The result of the stylesheet is

<h1>book</h1>

without the expected numeration of chapters. Adding an <xsl:apply-templates /> at the end of the book matching template didn't help. I'd like to do without an xls:for-each though.

EDIT I ought to have mentioned this: I'm using Python's lxml module which uses libxml2 and libxslt. The following code does not produce the expected result but instead the above:

import lxml.etree
xml = lxml.etree.XML("""                                                    
    <book>                                                                          
      <chapter> 1 </chapter>                                                        
      <chapter> 2 </chapter>                                                        
    </book>                                                                         
""")                                                                            
transform = lxml.etree.XSLT( lxml.etree.XML("""                                  
    <xsl:stylesheet version="1.0" xmlns:xsl="http://www.w3.org/1999/XSL/Transform" >
      <xsl:template match="book">                                                   
        <h1>book</h1>                                                               
        <xsl:apply-templates  />                                                    
      </xsl:template>                                                               
      <xsl:template match="chapter">                                                
        <h2>chapter <xsl:value-of select="."/></h2>                                 
      </xsl:template>                                                               
    </xsl:stylesheet>                                                               
""") )                                                                                                                                                      
html = transform(xml)                                                            
print( lxml.etree.tostring(html, pretty_print=True) )

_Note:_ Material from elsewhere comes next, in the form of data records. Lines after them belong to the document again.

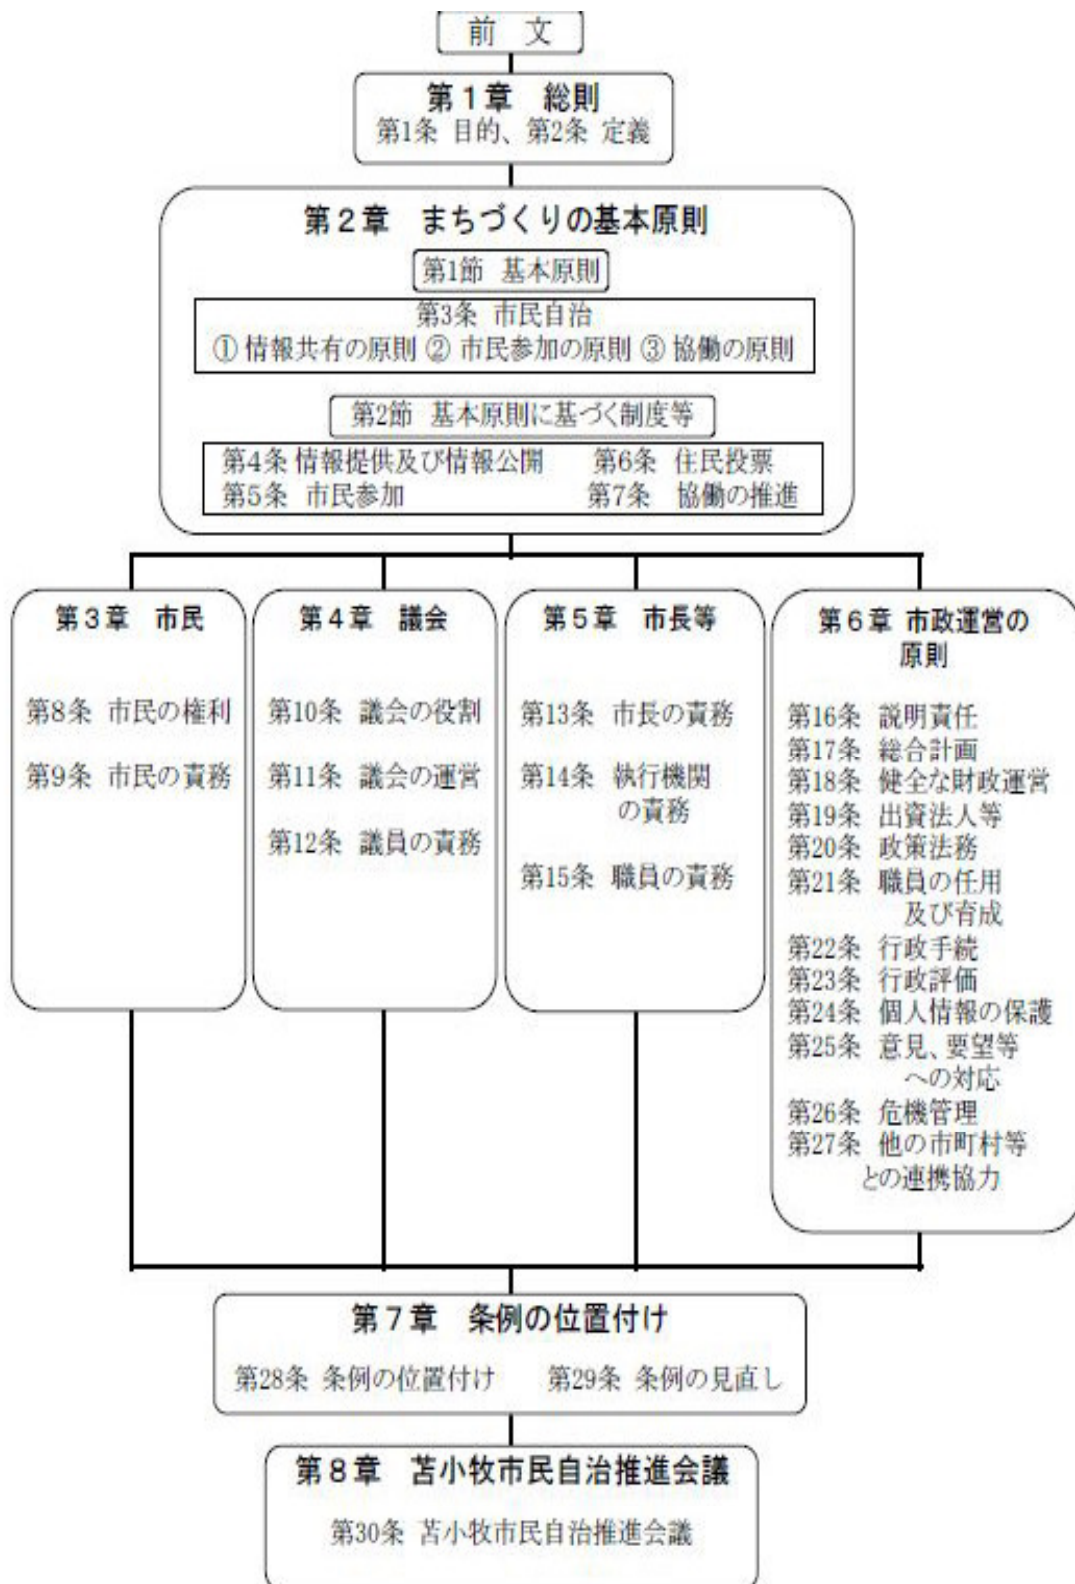

I 各自治体条例の構造

1. 下川町基本条例の構造

2. 白老町自治基本条例の構造

3. 苫小牧市自治基本条例の構造

4. 川崎市自治基本条例の構造

5. 上越市自治基本条例の構造

7. 八雲町自治基本条例町民懇話会提言

Oddly enough, the correct (expected) result is demonstrated here. Accessing libxslt directly through the Python bindings instead of going through lxml works, however:

import libxml2                                                                  
import libxslt  

doc = libxml2.parseDoc("""                                                  
<book>                                                                      
  <chapter> 1 </chapter>                                                    
  <chapter> 2 </chapter>                                                    
</book>                                                                     
""")                                                                        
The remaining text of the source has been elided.